Bisnis.com, JAKARTA – Volume impor kertas daur ulang (KDU) sepanjang 2020 mengalami penurunan. Adapun, penurunan volume impor tersebut dinilai dapat berdampak pada sebagian besar produk manufaktur jika terus berlanjut tahun depan.
Asosiasi Pulp dan Kertas Indonesia (APKI) mendata volume impor KDU sepanjang 2020 turun sekitar 5 persen secara tahunan menjadi 3 juta ton.
Adapun, KDU yang dicatat APKI berdasarkan empat pos tarif, yakni 4704.12.00 (skrap kertas karton kraft), 4707.20.00 (skrap kertas dari pulp kimia), 4707.30.00 (skrap kertas dari pulp mekanik), dan 4707.90.00 (skrap kertas tidak disortir).
"Penurunan impor salah satunya disebabkan oleh kebijakan teknis importasi KDU yang diperketat, salah satunya yakni persyaratan bukti eksportir terdaftar [BET]," kata Direktur Eksekuti APKI Liana Bratasida kepada Bisnis, Senin (21/12/2020).
Dari keempat pos tarif tersebut, penurunan terbesar terjadi pada impor skrap kertas tidak disortir atau turun sebesar 97 persen menjadi 14.361 ton.
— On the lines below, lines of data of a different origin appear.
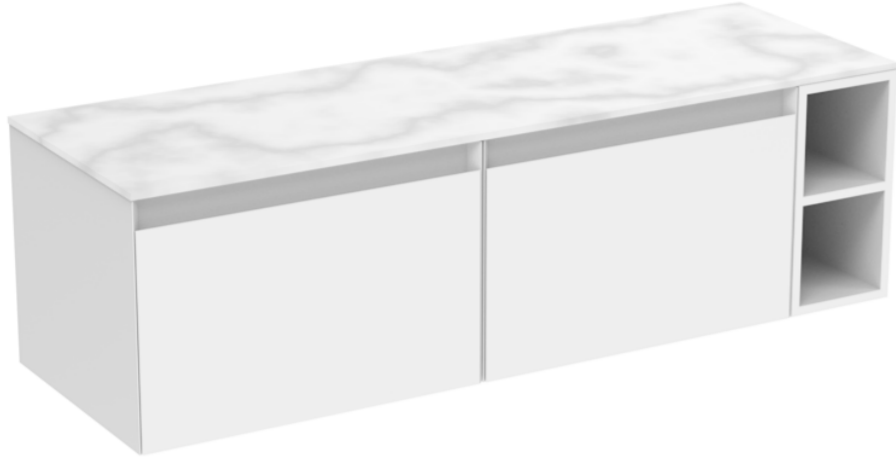

# UNI 140CM KIT - 2 X 60CM 1 DRAWER WALL MOUNTED UNIT & 20CM SPACER - MATTE WHITE

---

## PRODUCT INFORMATION

**Finish:**

Matte White

**Product Code:** UNI140W2.S.MW

---

## DESCRIPTION

UNI is our collection of modern, handle-less furniture and ceramics to allow you to create a contemporary bathroom set up.

Experience versatility with our innovative design: pair any 60cm, 80cm or 100cm unit with a 20cm spacer unit and a countertop, enabling you to create your perfect basin setup.
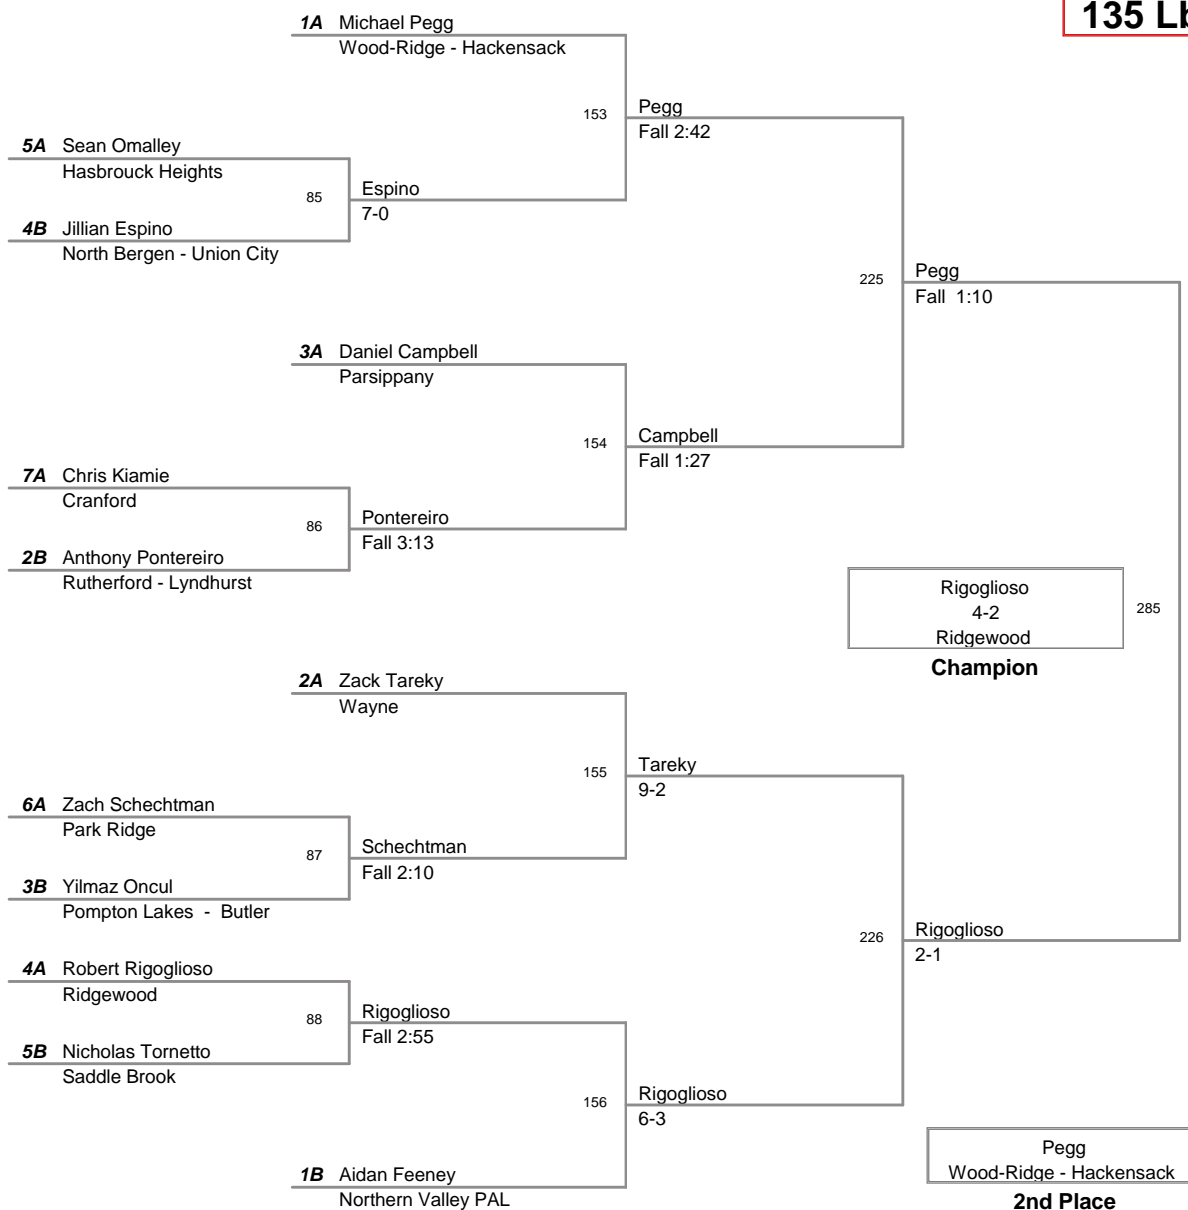

2011 PCYWL Tournament  
PCYWL Division

**119 Lbs**

2011 PCYWL Tournament  
PCYWL Division

**126 Lbs**

2011 PCYWL Tournament  
PCYWL Division

**135 Lbs**

2011 PCYWL Tournament  
PCYWL Division

**145 Lbs**
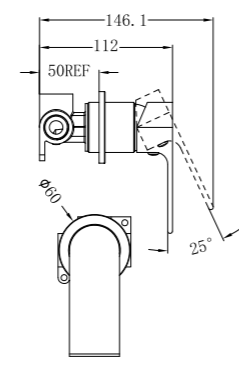

Shower Mixer Round Plate 60mm
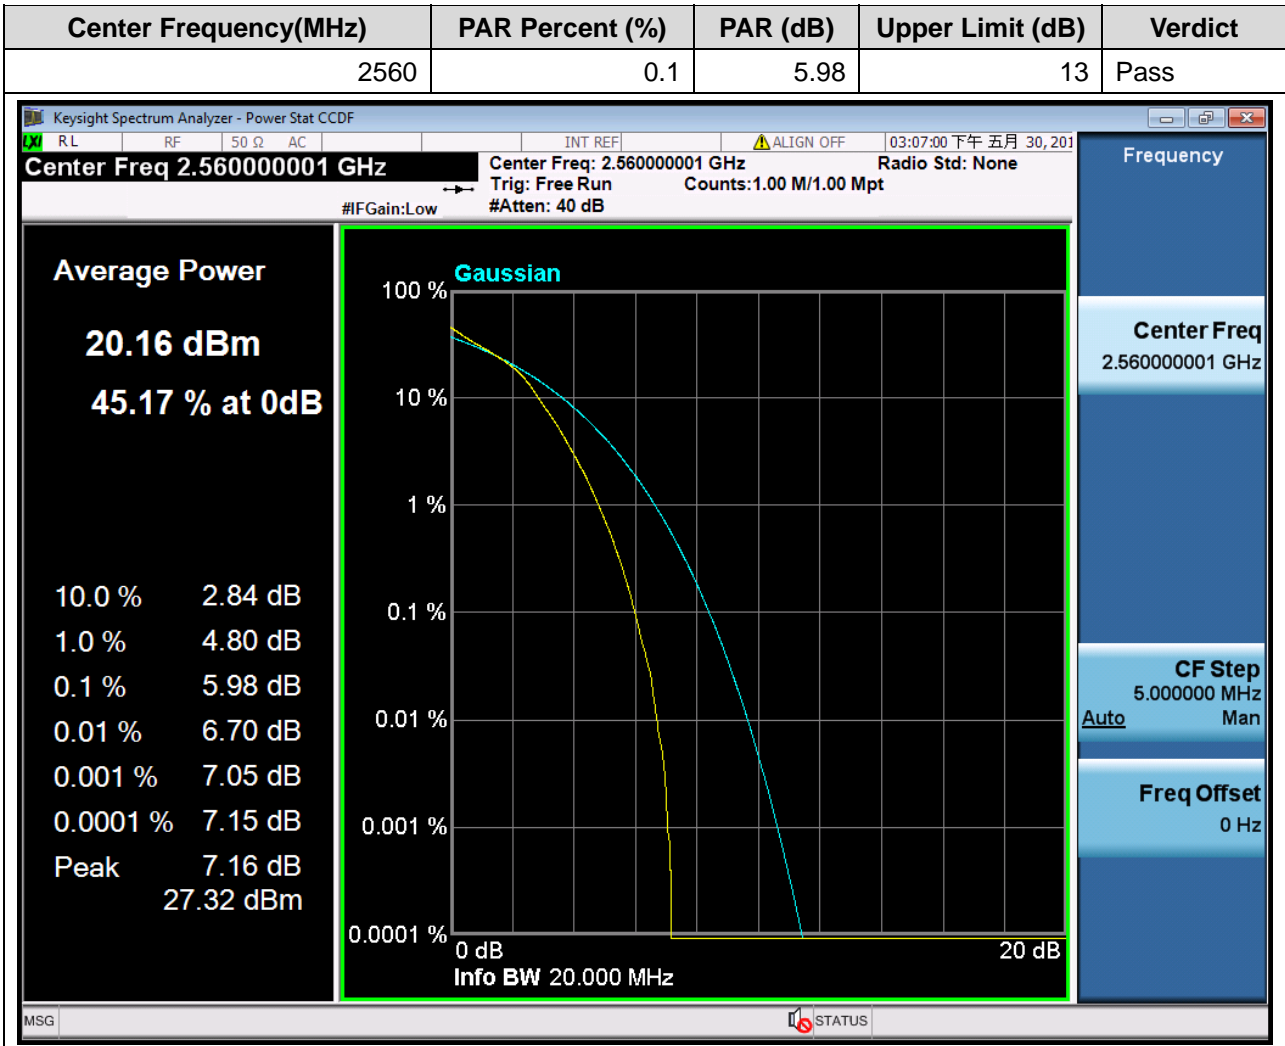

1.157. LTE Peak to Average Ratio(NTNV)(Subtest:157, Channel:21350, Bandwidth:20, Modulation:QPSK, RB Number: 50, RB Position:MID)

1.158. LTE Peak to Average Ratio(NTNV)(Subtest:158, Channel:21350, Bandwidth:20, Modulation:QPSK, RB Number: 50, RB Position:HIGH)

1.159. LTE Peak to Average Ratio(NTNV)(Subtest:159, Channel:21350, Bandwidth:20, Modulation:QPSK, RB Number: 1, RB Position:LOW)

1.160. LTE Peak to Average Ratio(NTNV)(Subtest:160, Channel:21350, Bandwidth:20, Modulation:QPSK, RB Number: 1, RB Position:MID)

1.161. LTE Peak to Average Ratio(NTNV)(Subtest:161, Channel:21350, Bandwidth:20, Modulation:QPSK, RB Number: 1, RB Position:HIGH)

1.162. LTE Peak to Average Ratio(NTNV)(Subtest:162, Channel:21350, Bandwidth:20, Modulation:Q16, RB Number: 100, RB Position:LOW)

1.163. LTE Peak to Average Ratio(NTNV)(Subtest:163, Channel:21350, Bandwidth:20, Modulation:Q16, RB Number: 50, RB Position:LOW)

1.164. LTE Peak to Average Ratio(NTNV)(Subtest:164, Channel:21350, Bandwidth:20, Modulation:Q16, RB Number: 50, RB Position:MID)

Tahun lalu, volume impor skrap kertas tidak disortir mencapai 511.578 ton.
Namun demikian, volume impor skrap kertas karton kraft naik 17 persen secara tahunan menjadi 2,6 juta ton. Selain itu, volume impor skrap kertas dari pulp mekanik naik 6 persen menjadi 360.766 ton.
Baca Juga
Adapun, pada kuartal IV/2020 volume impor KDU turun sebesar 10 persen menjadi 759.852 ton. Liana menyampaikan setiap pabrikan kertas telah memiliki strategi masing-masing dalam menghadapi penurunan volume impor KDU tersebut.
Liana menjelaskan persyaratan BET tersebut menjadi polemik lantaran sebagian kedutaan besar di negara asal impor belum bisa mengesahkan BET yang diperlukan. Pasalnya, pemerintah pusat masih menggodok prosedur standar pengesahan BET tersebut.
Alhasil, Liana menyampaikan importasi KDU sepanjang 2020 terhambat. Pada akhirnya, ketentuan BET harus ditunda menjadi dimulai per 1 Januari 2021 karena tidak bisa diimplementasikan saat ini.
"Harapannya ketersediaan bahan baku kertas tetap terjamin. [Pasalnya] jika terjadi kenaikan harga kertas coklat [KDU] yang digunakan sebagai kemasan, maka akan berdampak pula bagi industri terkait, seperti makanan dan minuman, elektronika, dan logistik," katanya.